### EXERCISE AIM
From the entries below, reproduce exactly the lines from the one with "G Gear (Nose)" through the one with "WEIGHT, KG 0,390", both included, without images.

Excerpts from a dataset
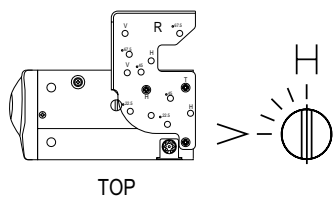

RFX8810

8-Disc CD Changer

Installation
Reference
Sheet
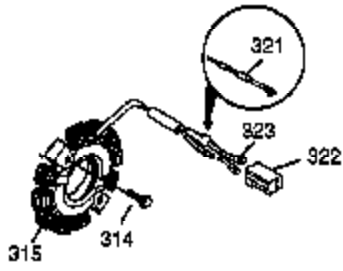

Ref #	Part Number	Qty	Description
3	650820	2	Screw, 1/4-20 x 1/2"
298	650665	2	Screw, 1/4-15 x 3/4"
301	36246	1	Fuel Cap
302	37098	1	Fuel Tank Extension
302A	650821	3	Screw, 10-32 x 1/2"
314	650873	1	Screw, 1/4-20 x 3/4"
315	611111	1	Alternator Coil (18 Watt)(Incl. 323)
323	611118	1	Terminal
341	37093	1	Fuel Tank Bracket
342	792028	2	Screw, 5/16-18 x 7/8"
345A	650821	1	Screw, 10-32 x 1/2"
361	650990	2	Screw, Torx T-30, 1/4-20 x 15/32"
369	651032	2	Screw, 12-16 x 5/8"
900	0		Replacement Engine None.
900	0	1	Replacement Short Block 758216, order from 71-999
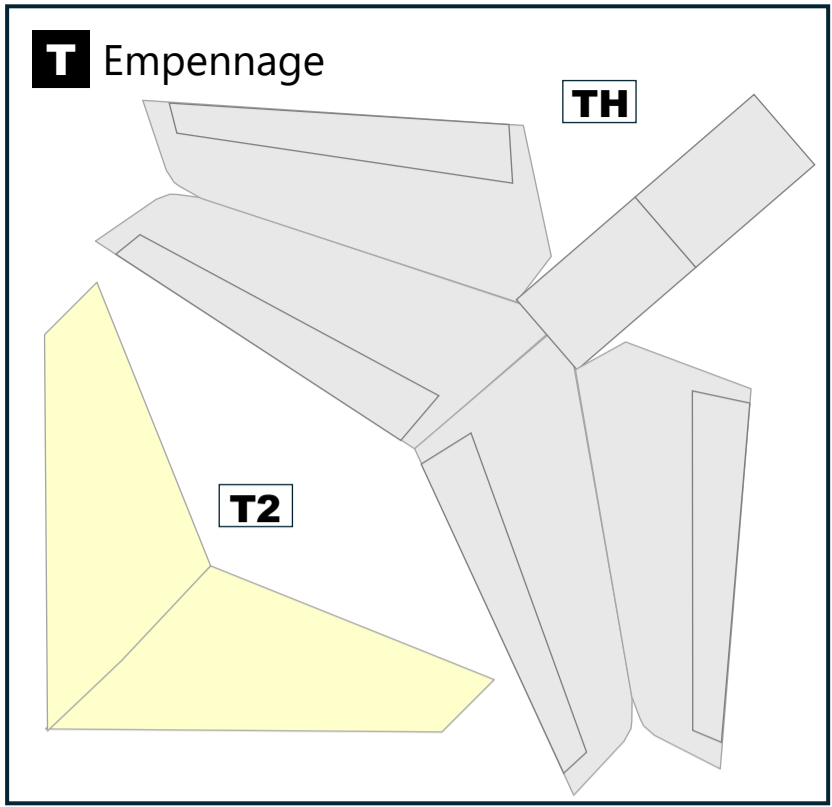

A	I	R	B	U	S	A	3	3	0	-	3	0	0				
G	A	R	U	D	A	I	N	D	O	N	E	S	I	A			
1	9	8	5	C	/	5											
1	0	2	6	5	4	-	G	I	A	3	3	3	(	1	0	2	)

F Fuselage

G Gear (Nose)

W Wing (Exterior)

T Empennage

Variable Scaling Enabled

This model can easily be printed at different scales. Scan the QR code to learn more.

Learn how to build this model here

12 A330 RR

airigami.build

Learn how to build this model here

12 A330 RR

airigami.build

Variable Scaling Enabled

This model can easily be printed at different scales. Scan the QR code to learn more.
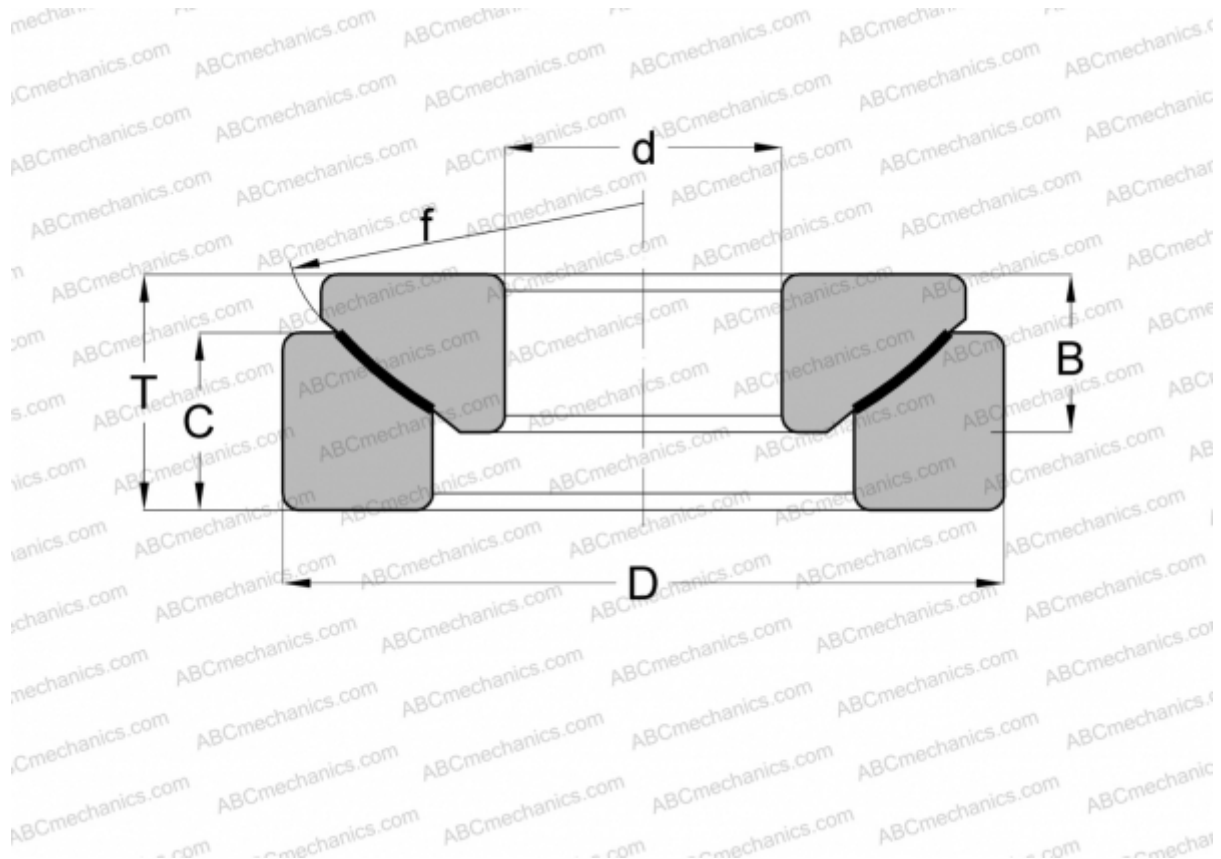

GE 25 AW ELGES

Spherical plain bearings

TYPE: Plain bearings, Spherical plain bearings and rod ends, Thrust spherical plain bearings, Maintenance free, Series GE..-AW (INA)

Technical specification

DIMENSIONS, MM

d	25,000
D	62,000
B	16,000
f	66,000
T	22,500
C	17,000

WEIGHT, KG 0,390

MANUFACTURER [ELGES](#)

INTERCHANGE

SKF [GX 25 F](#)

### OUTPUT OF THE EXERCISE
G Gear (Nose)

W Wing (Exterior)

T Empennage

Variable Scaling Enabled

This model can easily be printed at different scales. Scan the QR code to learn more.

Learn how to build this model here

12 A330 RR

airigami.build

Learn how to build this model here

12 A330 RR

airigami.build

Variable Scaling Enabled

This model can easily be printed at different scales. Scan the QR code to learn more.

GE 25 AW ELGES

Spherical plain bearings

TYPE: Plain bearings, Spherical plain bearings and rod ends, Thrust spherical plain bearings, Maintenance free, Series GE..-AW (INA)

Technical specification

DIMENSIONS, MM

d	25,000
D	62,000
B	16,000
f	66,000
T	22,500
C	17,000

WEIGHT, KG 0,390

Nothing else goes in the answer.